The development of high-quality e-learning modules that incorporate these features may require the generation of specific software or the use of targeted commercially available software that could create a barrier to widespread adoption by teaching faculty [1214]. To address this issue, we have utilized specific features of PowerPoint™ to generate a series of interactive e-learning modules that we term Interactive PowerPoints™ or IPPs. From the faculty perspective, IPPs are simple to generate using software they are already familiar with, thus removing a barrier to widespread adoption. The IPPs are designed so that students are required to actively engage in order to complete the module, providing an interactive experience for the learner. In addition, opportunities for feedback and the ability to link out to published work or specific web sites are incorporated. In this report, we present an analysis of the efficacy of IPPs used in a variety of formats. For example, IPPs were utilized as supplementary material to didactic lectures addressing specific concepts that have historically been difficult for students to grasp in a lecture format. Other IPPs were developed to enable application of knowledge acquired in lecture, to replace didactic lecture material, or to supplement Medical Microbiology laboratory sessions in a peer-to-peer learning environment. Our analysis of the efficacy of IPPs consisted of course evaluations, performance on multiple choice questions (MCQs), and a survey to assess comprehension of basic science concepts and competency in the application of this knowledge pre- and post-introduction of the IPPs. Our results show that IPPs are at least equivalent to traditional formats in knowledge acquisition and, when used as supplementary material, can significantly enhance student performance on MCQs. The IPPs also provided students with increased comprehension and the ability to apply their knowledge. In addition, the students indicated a distinct preference for blended learning experiences incorporating IPPs. Thus, IPPs represent a low-cost, easily adoptable e-learning mechanism that provides for an efficient and interactive learning experience for medical students.

Methods

Generation of IPPs

The Interactive PowerPoints™ were generated using the standard Microsoft package (details provided are for Microsoft PowerPoint™ Professional Plus 2013). Action buttons were used to navigate between slides and were inserted by clicking on the “Insert” tab and selecting “Action Buttons” within the “Shapes” option. Once the Action button was inserted into the slide, a dialog box opens enabling hyperlinking to a specific slide within the presentation. For multiple choice questions, answers were added as separate text boxes, the text box highlighted, “Insert” again selected, and the “Hyperlink” option selected. From the Hyperlink dialog box, “Place in This Document” was selected. At that point, the answer was hyperlinked to a specific slide within the presentation with either a “correct” or “incorrect” answer linked to the appropriate MCQ option. Once the presentation was complete, enforcement of interactivity required additional steps. First, “on mouse click” must be deselected in the “Advance Slide” section of the “Transitions” tab and “Apply to All” selected. Under the “Slide Show” tab, “Set Up Slide Show” was chosen and the “Show Type” “Browse at a Kiosk” selected. Finally, the document must be saved as a “PowerPoint™ Show” or .pps file.
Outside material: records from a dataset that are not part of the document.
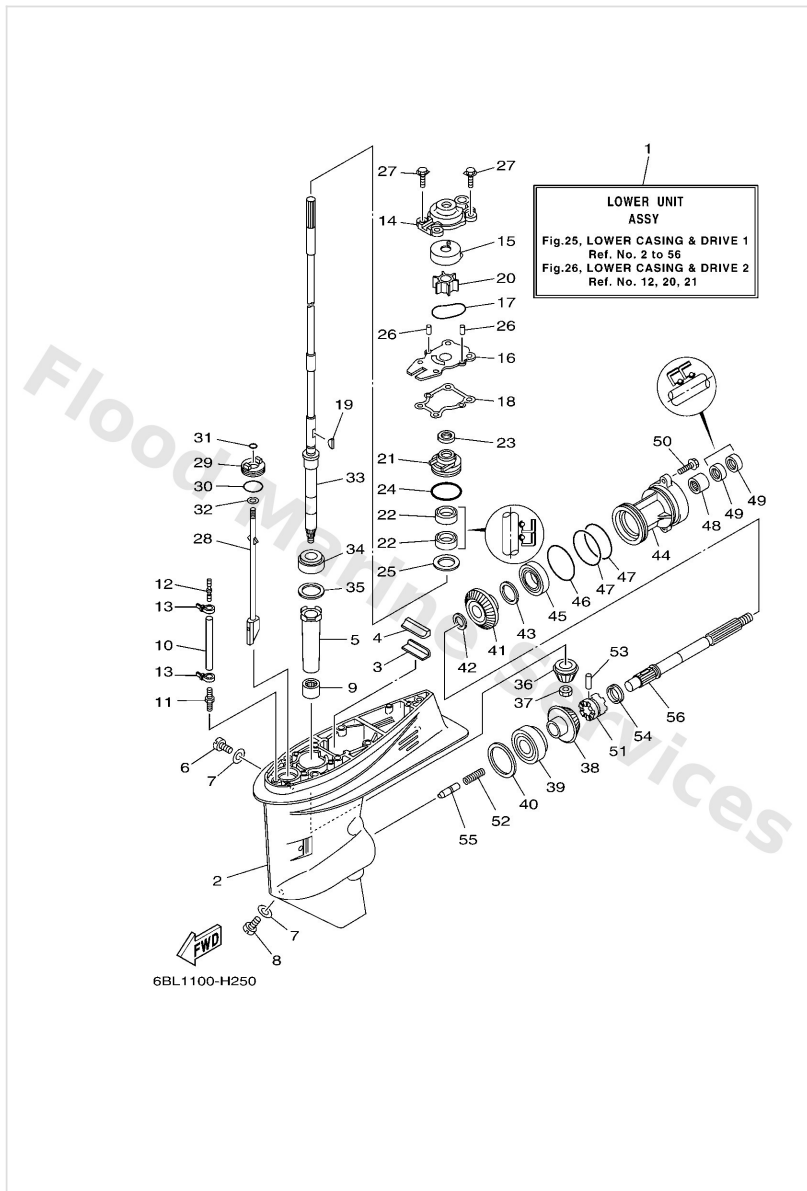

Lower Casing & Drive 1

Ref	Part	
16	66T4432300 Outer plate, cartridge	Buy now
17	9321059MG7 O-ring	Buy now
18	63D4431600 Gasket, water pump	Buy now
19	9028003M03 Key, woodruff (697)	Buy now
20	6H44435202 Impeller	Buy now
21	6BG4434100 Housing, water pump	Buy now
22	9310122M60 Oil seal	Buy now
23	66T4534401 Cover, oil seal	Buy now
24	9321048001 O-ring	Buy now
25	9020127M00 Washer, plate(62x)	Buy now
26	9360408062 Pin,dowel (626)	Buy now
27	9011908M15 Bolt, with washer(62w)	Buy now
28	67C4415010 Shift cam assembly L(20.8")	Buy now
29	68U4532100 Plate	Buy now
30	9321033MG4 O-ring	Buy now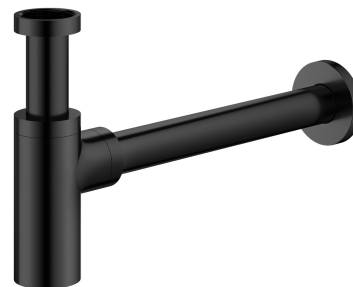

## TRAP | basin bottle trap, decorative

---

Finish: matt black (BLM)

Certificates: Polish Declaration of Performance (B marking)

## Technologies

---

The product is made of high quality A-grade brass.

## Specification

---

- brass
- total height: 12.5–21 cm, total length: 35 cm
- length of pipe connecting to the sewer system: 30 cm
- 1¼" connection to the basin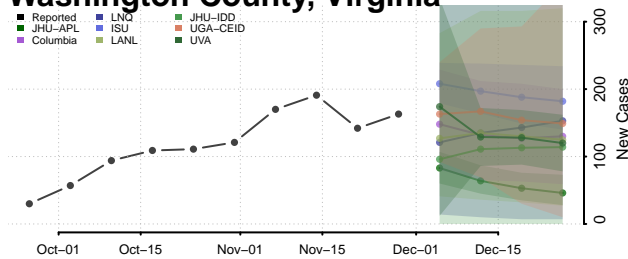

Washington County, Virginia

IPPs for Self-Directed Learning

IPPs were developed as material for “Cell Structure and Function”—a traditional lecture-based course for M1 students. The IPPs were made freely available to students on a secure education portal so that they could review them multiple times at their convenience. It was estimated that each IPP would take a maximum of 10 min to complete. Assessment of the efficacy of these modules for the acquisition of knowledge was performed by analysis of MCQ data on standard exams by using chi-squared analysis using Yates correction for continuity.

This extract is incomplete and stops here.